For convenience, we'll download the ffasta file from an unstable FTP hosting of them on nersc:
- [IMGVR4_SEQUENCES.fna.zst](https://portal.nersc.gov/genomad/__data__/IMGVR_DATA/IMGVR4_SEQUENCES.fna.zst)


In [None]:
%%bash
mkdir imgvr4_data
cd imgvr4_data
mkdir spacers contigs

cd contigs
# download the contigs (this may take a while)
wget https://portal.nersc.gov/genomad/__data__/IMGVR_DATA/IMGVR4_SEQUENCES.fna.zst --quiet -O IMGVR4_SEQUENCES.fna.zst
# decompress the file
zstd -d IMGVR4_SEQUENCES.fna.zst
# get the name, length and GC% of the contigs (this may also take a while)
seqkit fx2tab -nl --gc IMGVR4_SEQUENCES.fna  > IMGVR4_SEQUENCES_name_length.tab

Note, we'll use the IMG_VR_2022-09-20_7.1 version of IMG/VR (v4.1, with bugfix in UViG table and protein fasta), and specifically the high-confidence genomes only ( `IMGVR_all_nucleotides-high_confidence.fna`).  
To get the info table, you'll need to login to the JGI portal and download the `IMGVR_all_Sequence_information-high_confidence.tsv` file. The data is free and unrestricted, but still requires registerition or confirming the data use agreement. 


## fetch the spacer set
We are only interested in one (or two) files from the iphop database:
- `All_CRISPR_spacers_nr_clean.fna`
- `Host_Genomes.tsv`



In [None]:
%%bash
cd imgvr4_data/spacers
wget https://portal.nersc.gov/cfs/m342/iphop/db/extra/All_CRISPR_spacers_nr_clean.fna
wget https://portal.nersc.gov/cfs/m342/iphop/db/extra/Host_Genomes.tsv
# create a table with the name and length of the spacers
seqkit fx2tab -nl All_CRISPR_spacers_nr_clean.fna  > All_CRISPR_spacers_nr_clean_name_length.tab

Next some data wrangling to get the contig info and the spacer info in the same format.

In [None]:
import os
os.chdir('/clusterfs/jgi/scratch/science/metagen/neri/code/blits/spacer_bench/imgvr4_data/')
import polars as pl
pl.Config(tbl_rows=50)

from bench import *
from bench.utils.functions import *

contigs_file = 'contigs/IMGVR4_SEQUENCES.fna'
spacers_file = 'spacers/All_CRISPR_spacers_nr_clean.fna'

contig_stats = pl.read_csv('contigs/IMGVR4_SEQUENCES_name_length.tab', separator='\t',has_header=False,new_columns=['seqid','length',"GC"])
contig_info = pl.read_csv('contigs/IMGVR_all_Sequence_information-high_confidence.tsv', separator='\t',infer_schema_length=10000, null_values=['N/A'])
contig_info= contig_info.rename({"Coordinates ('whole' if the UViG is the entire contig)":"coordinates"})
contig_info= contig_info.with_columns(
    pl.when(pl.col('coordinates').eq('whole')).then(None).otherwise(pl.col('coordinates')).alias('coordinates')
)
contig_info = contig_info.with_columns(
    pl.concat_str([pl.col('UVIG'),pl.col('Taxon_oid'),pl.col('Scaffold_oid'),pl.col('coordinates')],ignore_nulls=True,separator='|').alias('seqid')
)
print(f"contig_stats.schema: {contig_stats.schema}")
print(f"contig_stats.shape: {contig_stats.shape}")

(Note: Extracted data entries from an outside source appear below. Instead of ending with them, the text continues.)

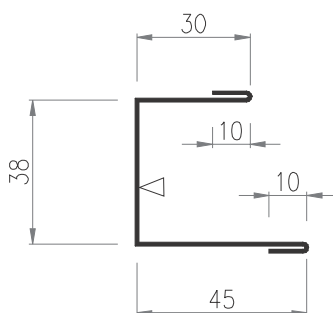

65. rasējums

Nerūsējošā tērauda apdare Ob-36 „Maskējošais ekrāns korei”

| | |
|------------------|-------------------|
| izvērsums | s = 125 mm |
| loksnes biežums | g = 0,50 mm |
| svars | m = 0,50 kg/tek.m |
| standarta garums | l = 1250 mm |

▽ - redzamā puse, krāsu gamma pēc RAL paletes

66. rasējums

Nerūsējošā tērauda apdare Ob-37 „Noslēdzošais profils”

| | |
|------------------|-------------------|
| izvērsums | s = 133 mm |
| loksnes biežums | g = 0,50 mm |
| svars | m = 0,53 kg/tek.m |
| standarta garums | l = 2500 mm |

▽ - redzamā puse, krāsu gamma pēc RAL paletes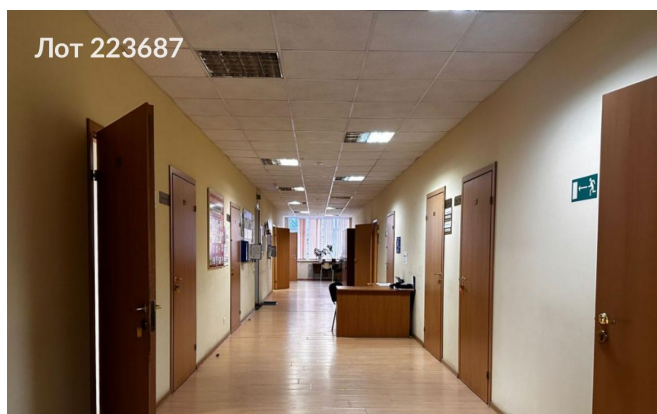

## Сдается в аренду коммерческая недвижимость, Россия, Москва, улица Баркляя, 13с2 — Россия, Москва, улица Баркляя, 13с2

Объявление:	#223687
Заголовок:	Сдается в аренду коммерческая недвижимость, Россия, Москва, улица Баркляя, 13с2
Тип объекта:	Офис
Адрес:	Россия, Москва, улица Баркляя, 13с2
Цена:	710 000 /мес
Описание:	Предлагается в аренду офисное помещение с типовой отделкой. Одним из ключевых преимуществ данного предложения является его стратегическое расположение в районе Филевский Парк, характеризующемся сформированной и развитой инфраструктурой. В непосредственной близости от объекта находятся крупные торговые сети, разнообразные торговые центры, заведения общественного питания, а также отделения ведущих банков.
Площадь:	371.0 м
Параметры:	371.0 м этаж 4 этажность 5 Багратионовская · 2 мин пешком
До метро:	2 мин (пешком)
Этаж:	4 из 5
Тип сделки:	Аренда
Тип недвижимости:	Коммерческая
Путь до метро:	Пешком
Время до метро:	2 мин.
Метро:	Багратионовская
Этажей:	5
Состояние:	Офисная отделка
Общая площадь:	371 м2
Предоплата:	1 месяц
Залог:	100 %
Залог тип:	%
Срок аренды:	длительный срок
Высота потолков:	3 м.
Отопление:	Центральное
Вентиляция:	Приточная
Кондиционирование:	Центральное
Пожаротушение:	Сигнализация
Банкомат:	Да
Буфет:	Да
Минимаркет:	Да
Конференц-зал:	Да
Кафе:	Да
Гостиница:	Да
Ресторан:	Да

## Фотографии объекта

Фото 1

Фото 3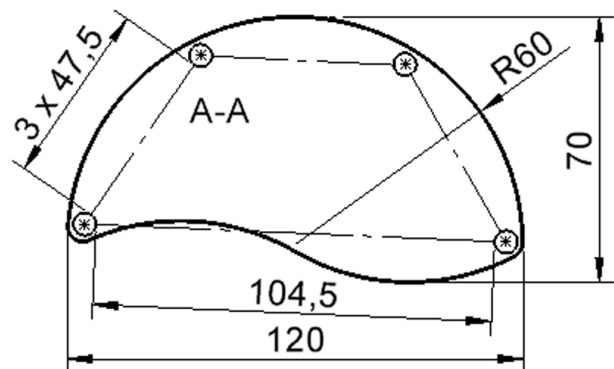

Conen Produkte GmbH
Conenstr. 4
54497 Morbach-Gonzerath
Germany

T +49 6533 75-100
F +49 6533 75-600
E info@conen-produkte.de
www.conen-produkte.de

© Copyright by Conen Produkte GmbH

26.02.2025
Seite 2/2

print(f"contig_info.schema: {contig_info.schema}")
print(f"contig_info.shape: {contig_info.shape}")
contig_stats = contig_stats.join(contig_info, on='seqid', how='inner')

contig_stats = contig_stats.filter(pl.col("length") == pl.col("Length"))
contig_stats = contig_stats.filter(pl.col("Topology") != "GVMAG")

contig_stats = contig_stats.select(["seqid","Taxonomic classification","length","GC","Topology","MIUViG quality","UVIG"])
contig_stats = contig_stats.rename(str.lower)
contig_stats = contig_stats.rename(lambda x: x.lower().replace(" ","_"))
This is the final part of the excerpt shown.